● **To do**:
Which lines of the records contain "File"? Collect every one of them.

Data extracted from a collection

□ □ □ □ □

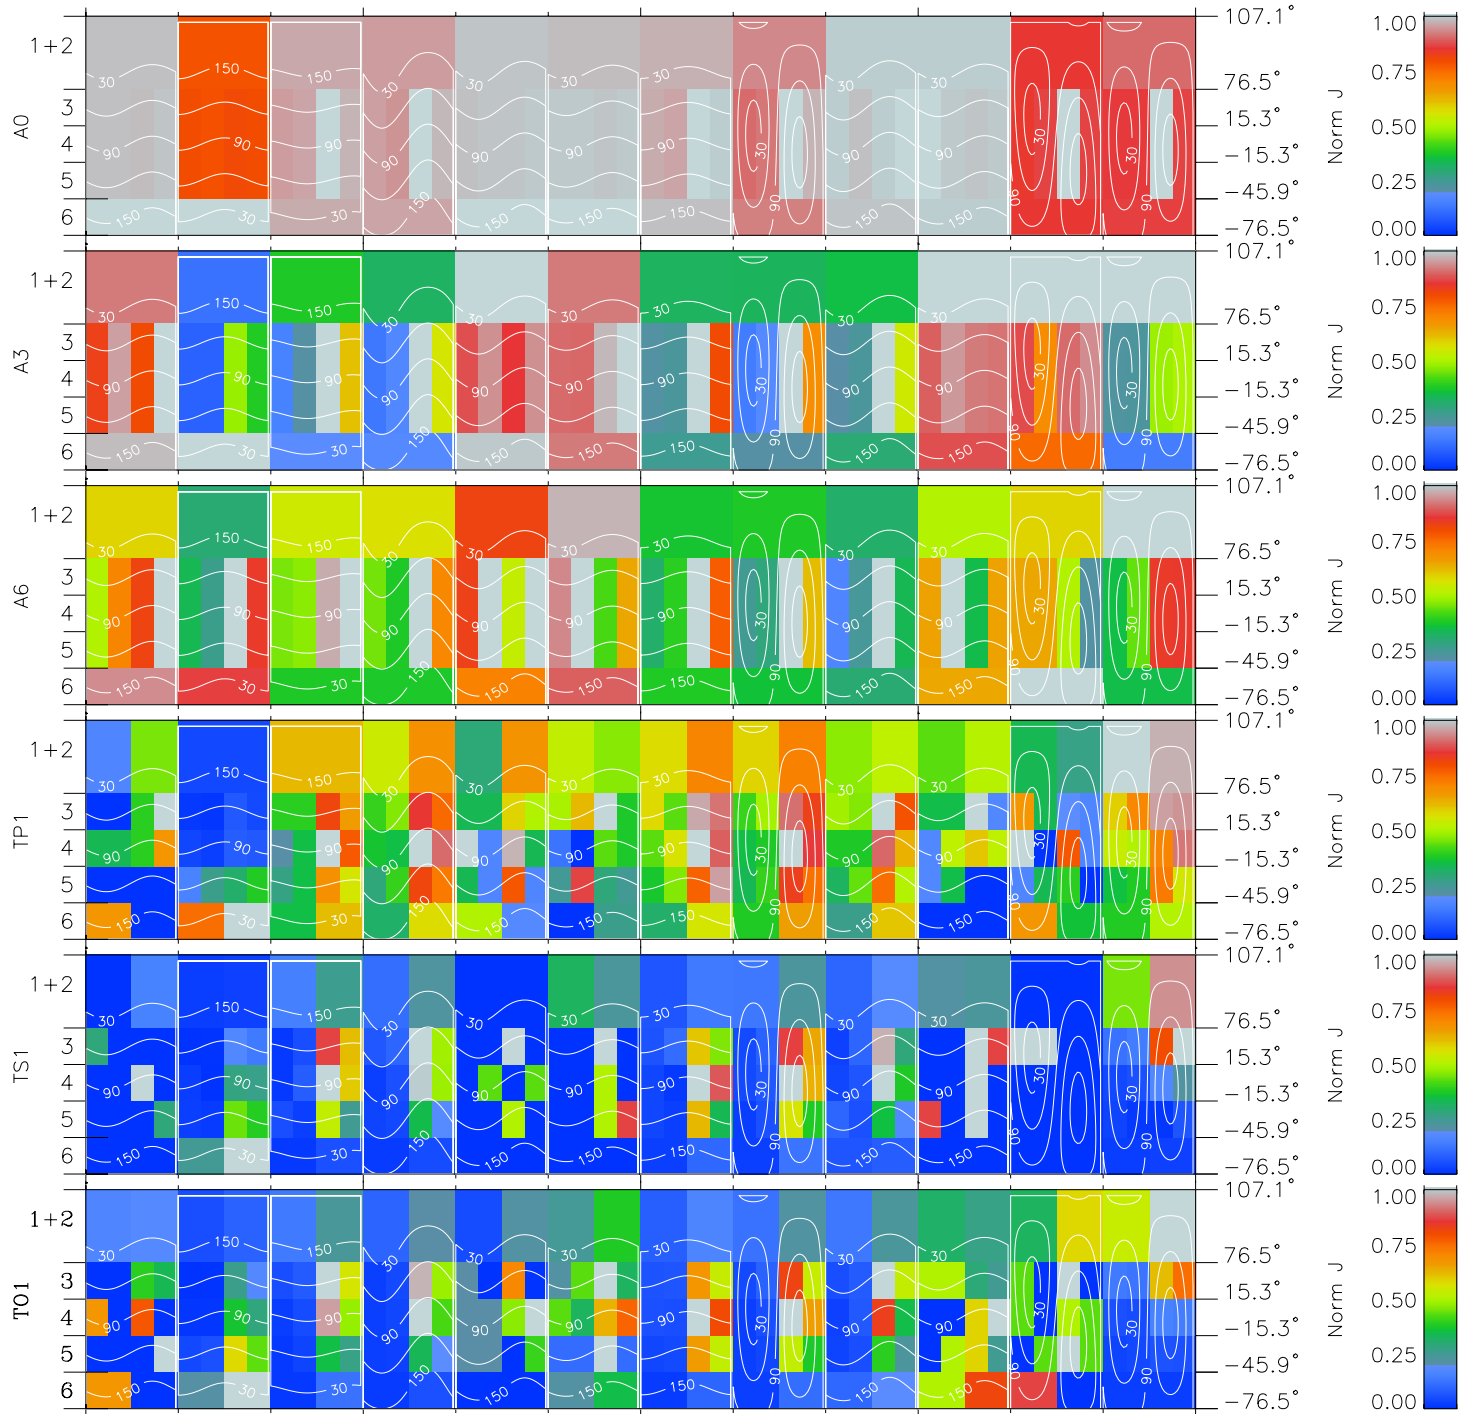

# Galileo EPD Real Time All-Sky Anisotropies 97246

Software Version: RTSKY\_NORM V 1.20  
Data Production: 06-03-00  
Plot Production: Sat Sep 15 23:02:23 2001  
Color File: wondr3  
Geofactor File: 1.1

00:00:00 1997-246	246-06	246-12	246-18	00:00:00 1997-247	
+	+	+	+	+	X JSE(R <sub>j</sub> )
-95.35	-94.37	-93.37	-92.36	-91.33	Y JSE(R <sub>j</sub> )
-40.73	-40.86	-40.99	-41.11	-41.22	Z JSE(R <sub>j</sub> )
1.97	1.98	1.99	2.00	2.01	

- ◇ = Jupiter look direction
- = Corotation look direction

□ □ □ □ □

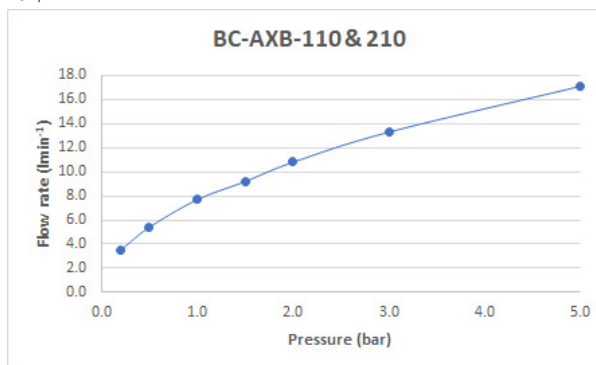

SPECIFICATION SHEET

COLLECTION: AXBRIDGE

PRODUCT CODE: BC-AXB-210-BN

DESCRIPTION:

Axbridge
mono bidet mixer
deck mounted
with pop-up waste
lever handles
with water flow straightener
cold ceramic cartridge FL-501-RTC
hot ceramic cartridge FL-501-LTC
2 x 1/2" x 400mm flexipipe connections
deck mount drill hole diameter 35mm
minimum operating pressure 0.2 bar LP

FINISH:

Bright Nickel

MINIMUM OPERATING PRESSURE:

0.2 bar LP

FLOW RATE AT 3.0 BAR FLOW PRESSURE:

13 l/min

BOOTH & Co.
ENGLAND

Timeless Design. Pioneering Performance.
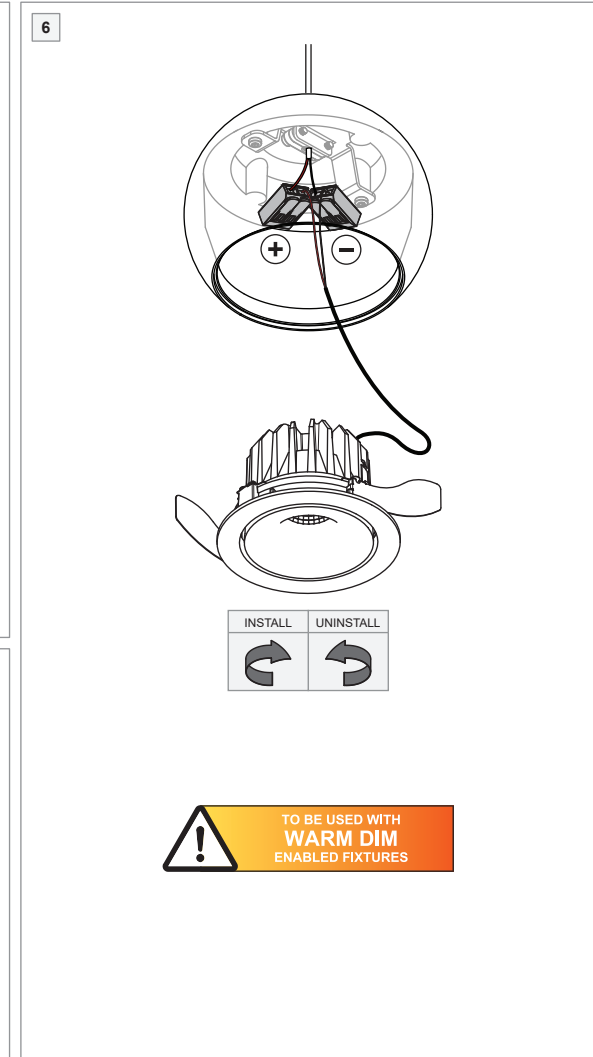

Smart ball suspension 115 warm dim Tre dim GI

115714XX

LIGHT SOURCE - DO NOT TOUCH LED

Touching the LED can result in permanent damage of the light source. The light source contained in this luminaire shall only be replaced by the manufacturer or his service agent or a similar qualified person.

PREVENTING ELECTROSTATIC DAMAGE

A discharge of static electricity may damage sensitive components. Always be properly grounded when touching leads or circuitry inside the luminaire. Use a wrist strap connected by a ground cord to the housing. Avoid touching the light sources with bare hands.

□ □ □ □ □

● **Reply to the task**:
Color File: wondr3  
Geofactor File: 1.1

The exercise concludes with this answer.